Saved data entries
================

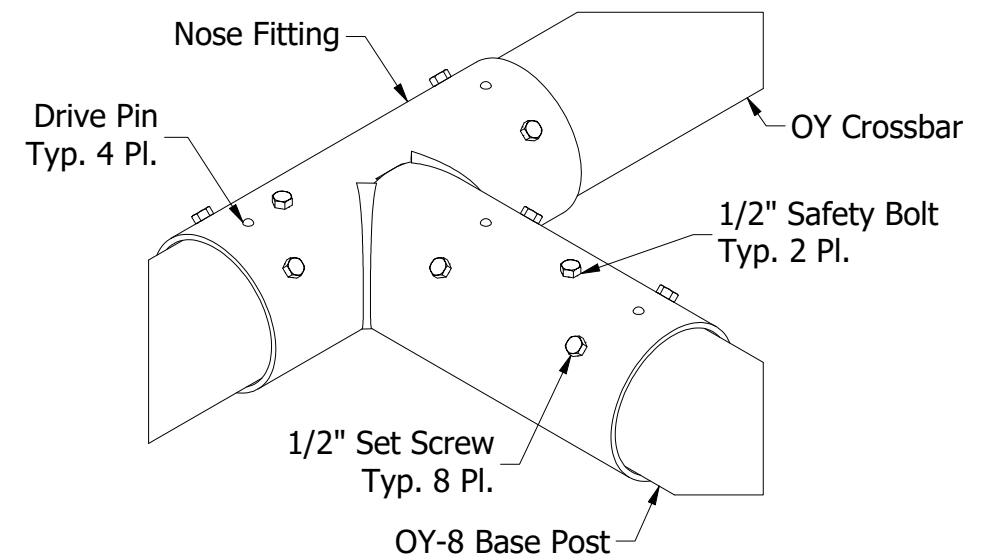

NOTE:
30' UPRIGHTS ARE NOT
RECOMMENDED FOR
NON-STADIUM USE.
WIND LOADING IS
LIKELY TO CAUSE
EQUIPMENT DAMAGE

DETAIL C
FLAG FOR TOP
OF UPRIGHT

DETAIL B
NOSE FITTING

DETAIL A
CROSSBAR

 QUALITY ATHLETIC EQUIPMENT 1650 AVENUE H - ST. LOUIS, MO 63125 www.aalcomfg.com (314)-544-4300 SINCE 1946	OY-8 Steel Football Goal Post	
	Sheet Size: B	Author: D.Campbell
	Date: 5/1/2023	Rev: 0
File Path: C:\Users\dalton\Documents\Vault\Designs\Parts - Master\Generic - Football\OY-8.idw		
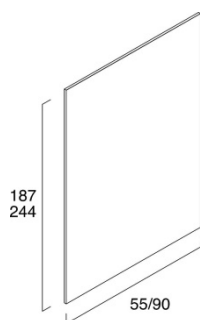

# TOTEM FURNITURE - ARMOIRE

|  |  |  |
|--|--|--|
|  <p>520/DX – 520/SX – 520/C</p> |  <p>521/DX – 521/SX – 521/C</p> |  <p>522/DX – 522/SX – 522/C</p> |
|  <p>523 FF</p>                  |  <p>523 BM</p>                  |  <p>523 BS</p>                  |
|  <p>524/55</p>                |  <p>524/90</p>                |  |
|  <p>525/55 – 525/90</p>       |  <p>526/55 – 526/90</p>       |  |
|  <p>527/55 – 527/90</p>       |  <p>531/55 – 531/90</p>       |  <p>532/55 – 532/90</p>       |
|  <p>528</p>                   |  <p>533</p>                   | <p>535</p>   |

# TOTEM FURNITURE - ARMOIRE

**talin**<sup>®</sup>

536/55 – 536/90

537/55 – 537/90

529/55 h187 – 529/90 h187  
530/55 h240 – 530/90 h240

================

Every entry above is to be copied verbatim, with the pictures removed.

**Response area**
NOTE:
30' UPRIGHTS ARE NOT
RECOMMENDED FOR
NON-STADIUM USE.
WIND LOADING IS
LIKELY TO CAUSE
EQUIPMENT DAMAGE

DETAIL C
FLAG FOR TOP
OF UPRIGHT

DETAIL B
NOSE FITTING

DETAIL A
CROSSBAR

 QUALITY ATHLETIC EQUIPMENT 1650 AVENUE H - ST. LOUIS, MO 63125 www.aalcomfg.com (314)-544-4300 SINCE 1946	OY-8 Steel Football Goal Post	
	Sheet Size: B	Author: D.Campbell
	Date: 5/1/2023	Rev: 0
File Path: C:\Users\dalton\Documents\Vault\Designs\Parts - Master\Generic - Football\OY-8.idw		

# TOTEM FURNITURE - ARMOIRE

|  |  |  |
|--|--|--|
|  <p>520/DX – 520/SX – 520/C</p> |  <p>521/DX – 521/SX – 521/C</p> |  <p>522/DX – 522/SX – 522/C</p> |
|  <p>523 FF</p>                  |  <p>523 BM</p>                  |  <p>523 BS</p>                  |
|  <p>524/55</p>                |  <p>524/90</p>                |  |
|  <p>525/55 – 525/90</p>       |  <p>526/55 – 526/90</p>       |  |
|  <p>527/55 – 527/90</p>       |  <p>531/55 – 531/90</p>       |  <p>532/55 – 532/90</p>       |
|  <p>528</p>                   |  <p>533</p>                   | <p>535</p>   |

# TOTEM FURNITURE - ARMOIRE

**talin**<sup>®</sup>

536/55 – 536/90

537/55 – 537/90

529/55 h187 – 529/90 h187  
530/55 h240 – 530/90 h240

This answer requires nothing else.